Ingevolge het tweede lid, voor zover hier van belang, kan over persoonlijke beleidsopvattingen met het oog op een goede en democratische bestuursvoering informatie worden verstrekt in niet tot personen herleidbare vorm.

2.2. De definitieve versie van de brief is door wethouder T.P. van der Stoep op 22 augustus 2003 aan [wederpartij] verstuurd, waarbij hij de laatste twee pagina's van de conceptbrief heeft laten vervallen. Het college stelt zich op het standpunt dat deze pagina's informatie ten behoeve van intern beraad en persoonlijke beleidsopvattingen bevatten. Om die reden heeft het college, met een beroep op artikel 11 van de Wob, openbaarmaking hiervan geweigerd en die weigering in het besluit op bezwaar gehandhaafd.

2.3. Anders dan het college betoogt, is de rechtbank er terecht van uitgegaan dat [wederpartij] nog belang had bij de beoordeling van zijn beroep, omdat het college aan het verzoek om openbaarmaking van [wederpartij] niet ten volle tegemoet gekomen is.

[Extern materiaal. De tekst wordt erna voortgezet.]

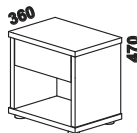

500

noční stolek
1-zásuvkový
široký š. 50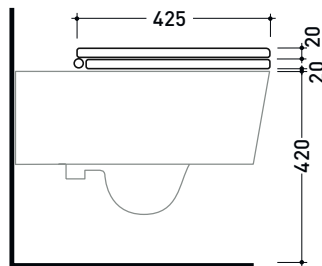

vista laterale / lateral view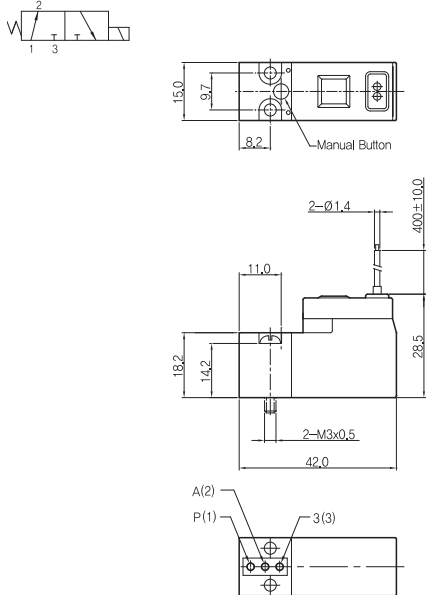

◆ 밸브형식

배관방식	형식	수동버튼	절환방식	접속구경	오리피스mm
베이스배관형	YSV20-DP-L-00	푸쉬	2위치 싱글(N.C)	M5 * 0.8 10-32 UNF	1.1mm
	YSV21-DP-L-00		2위치 싱글(N.O)		

◆ 매니폴더 주문형식

① 시리즈

YMF20 : YSV20 용 매니폴더

② 연수

- 02 : 2련 매니폴더
(표준 : 2련~14련)
- BLK : 블랭킹 플레이트
- SP : 패킹 볼트 세트

◆ 밸브형식

2위치 싱글 N.C(YSV20-DP-L-OO)

2위치 싱글N.O(YSV21-DP-L-OO)

◆ 주요부품

번호	부품명	비 고
①	바디	수지
②	커버	수지
③	복귀스프링	SUS
④	코일Ass'y	-
⑤	가스킷	NBR
⑥	버튼	황동

▶ 2위치 싱글 솔레노이드 밸브(N.C)

YSV20-DP-SD-OO

YSV20-DP-SM-OO

◆ 외형 치수도

▶ 2위치 싱글 솔레노이드 밸브(N.O)

YSV21-DP-SD-00

YSV21-DP-SC-CZ1-00

매니폴더 주문형식 YMF20

① 시리즈

YSV20 용 매니폴더

② 연수

02 : 2련 매니폴더

(표준 : 2련~14련)

BLK : 블랭킹 플레이트

SP : 패킹볼트 세트

매니폴더 치수

항목	n-관수													
	2	3	4	5	6	7	8	9	10	11	12	13	14	
B	32,5	43,0	53,5	64,0	74,5	85,0	95,5	106,0	116,5	127,0	137,5	148,0	158,5	
A	40,5	51,0	61,5	72,0	82,5	93,0	103,5	114,0	124,5	135,0	145,5	156,0	166,5	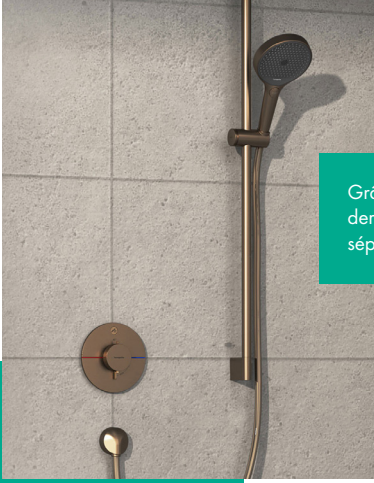

1 Système

Thermostatiques encastrés

Grâce à l'iBox Universal 2, la technologie de robinetterie pour la douche encastrée est entièrement dissimulée derrière le mur. Les deux composants – ceux situés devant et ceux situés derrière le mur – peuvent être installés séparément, offrant ainsi une grande flexibilité dans les choix d'installation.

- -000 Chrome, ● -140 Brushed Bronze, ● -340 Brushed Black Chrome,
- -990 Polished Gold Optic, ● -670 Matt Black, ○ -700 Matt White,

BELGAQUA Tous les thermostatiques encastrés sont approuvés par Belgaqua.

Ecostat Comfort

NEW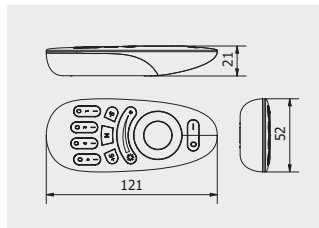

Dálkový ovládač LED RGBW 4zónový
 4-zónový diaľkový ovládač LED RGBW
 4 zónás távirányító RGBW
 Telecomandă cu 4 zone RGBW

		
LD-KONML-RGBW-PIL	RGB	plast / plast / műanyag / plastic

Bateriově napájený 4 zónový dotykový panel RGBW
 Batériami napájaný 4-zónový dotykový panel RGBW
 Akkumulátoros 4 zónás érintőpanel RGBW
 Panou tactil RGBW cu 4 zone alimentat de la baterie

2.4. Het college bestrijdt voorts het oordeel van de rechtbank dat de niet openbaar gemaakte passages uit de conceptbrief geen persoonlijke beleidsopvattingen bevatten en dat het college derhalve in strijd met artikel 11, eerste lid, van de Wob heeft geweigerd de gevraagde informatie te verstrekken. Volgens het college bevat de conceptbrief persoonlijke beleidsopvattingen van de opsteller over aard en omvang van de bedrijfsactiviteiten van [wederpartij].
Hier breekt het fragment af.